TASK TO COMPLETE:
If a record holds a picture, omit the picture, but copy everything else below exactly.

AVAILABLE DATA:
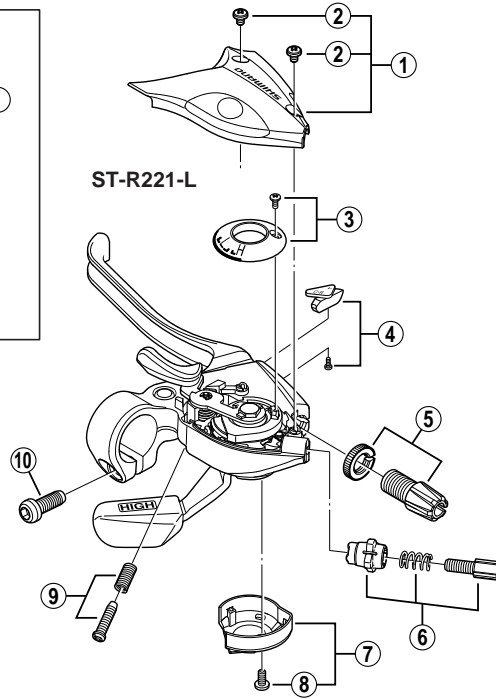

**EZ-Fire Plus Lever**  
**ST-R221** For Double Gear  
**ST-R225** For Triple Gear

**For Left Hand**

**For Right Hand**

ST-R220/R224  
 ST-EF50-4  
 ST-EF50

ITEM NO.	SHIMANO CODE NO.	DESCRIPTION	INTERCHANGEABILITY
1	Y-6LU 98010	Upper Cover for Right Hand (Silver) & Fixing Screws (M3 x 5)	B B
	Y-6LU 98020	Upper Cover for Right Hand (Black) & Fixing Screws (M3 x 5)	B B
	Y-6LU 98030	Upper Cover for Left Hand ST-R221-L (Silver) & Fixing Screws (M3 x 5)	B B
	Y-6LU 98040	Upper Cover for Left Hand ST-R221-L (Black) & Fixing Screws (M3 x 5)	B B
	Y-6LU 98050	Upper Cover for Left Hand ST-R225-L (Silver) & Fixing Screws (M3 x 5)	B B
	Y-6LU 98060	Upper Cover for Left Hand ST-R225-L (Black) & Fixing Screws (M3 x 5)	B B
2	Y-6BK50000	Upper Cover Fixing Screw (M3 x 5 / Silver)	A A
	Y-6A7 26000	Upper Cover Fixing Screw (M3 x 5 / Black)	A A A
3	Y-6KT 98140	Indicator for Right Hand & Fixing Screw	
	Y-6LU 98130	Indicator for Left Hand ST-R221-L & Fixing Screw	
	Y-6LU 98140	Indicator for Left Hand ST-R225-L & Fixing Screw	
4	Y-8TS 98010	Adjustment Block for Right Hand & Fixing Screw	A A A
	Y-8TS 98020	Adjustment Block for Left Hand & Fixing Screw	A A A
5	Y-6M0 98050	Brake Cable Adjusting Bolt & Nut	A
6	Y-6A8 98010	Shifting Cable Adjusting Bolt Unit	A A A
7	Y-6KT 98170	Main Lever Cover for Right Hand & Fixing Screw (M3 x 7)	A A
	Y-6KT 98180	Main Lever Cover for Left Hand & Fixing Screw (M3 x 7)	A A
8	Y-6A7 27000	Main Lever Cover Fixing Screw (M3 x 7)	A A A
9	Y-6KT 98320	Reach Adjusting Screw (M4 x 12.8) & Spring	A A
10	Y-6A7 80000	Clamp Bolt (M6 x 16)	A A A

A: Same parts.

B: Parts are usable, but differ in materials, appearance, finish, size, etc.

Absence of mark indicates non-interchangeability.

0607-2585

Specifications are subject to change without notice.

ANSWER SPACE:
**EZ-Fire Plus Lever**  
**ST-R221** For Double Gear  
**ST-R225** For Triple Gear

**For Left Hand**

**For Right Hand**

ST-R220/R224  
 ST-EF50-4  
 ST-EF50

ITEM NO.	SHIMANO CODE NO.	DESCRIPTION	INTERCHANGEABILITY
1	Y-6LU 98010	Upper Cover for Right Hand (Silver) & Fixing Screws (M3 x 5)	B B
	Y-6LU 98020	Upper Cover for Right Hand (Black) & Fixing Screws (M3 x 5)	B B
	Y-6LU 98030	Upper Cover for Left Hand ST-R221-L (Silver) & Fixing Screws (M3 x 5)	B B
	Y-6LU 98040	Upper Cover for Left Hand ST-R221-L (Black) & Fixing Screws (M3 x 5)	B B
	Y-6LU 98050	Upper Cover for Left Hand ST-R225-L (Silver) & Fixing Screws (M3 x 5)	B B
	Y-6LU 98060	Upper Cover for Left Hand ST-R225-L (Black) & Fixing Screws (M3 x 5)	B B
2	Y-6BK50000	Upper Cover Fixing Screw (M3 x 5 / Silver)	A A
	Y-6A7 26000	Upper Cover Fixing Screw (M3 x 5 / Black)	A A A
3	Y-6KT 98140	Indicator for Right Hand & Fixing Screw	
	Y-6LU 98130	Indicator for Left Hand ST-R221-L & Fixing Screw	
	Y-6LU 98140	Indicator for Left Hand ST-R225-L & Fixing Screw	
4	Y-8TS 98010	Adjustment Block for Right Hand & Fixing Screw	A A A
	Y-8TS 98020	Adjustment Block for Left Hand & Fixing Screw	A A A
5	Y-6M0 98050	Brake Cable Adjusting Bolt & Nut	A
6	Y-6A8 98010	Shifting Cable Adjusting Bolt Unit	A A A
7	Y-6KT 98170	Main Lever Cover for Right Hand & Fixing Screw (M3 x 7)	A A
	Y-6KT 98180	Main Lever Cover for Left Hand & Fixing Screw (M3 x 7)	A A
8	Y-6A7 27000	Main Lever Cover Fixing Screw (M3 x 7)	A A A
9	Y-6KT 98320	Reach Adjusting Screw (M4 x 12.8) & Spring	A A
10	Y-6A7 80000	Clamp Bolt (M6 x 16)	A A A

A: Same parts.

B: Parts are usable, but differ in materials, appearance, finish, size, etc.

Absence of mark indicates non-interchangeability.

0607-2585

Specifications are subject to change without notice.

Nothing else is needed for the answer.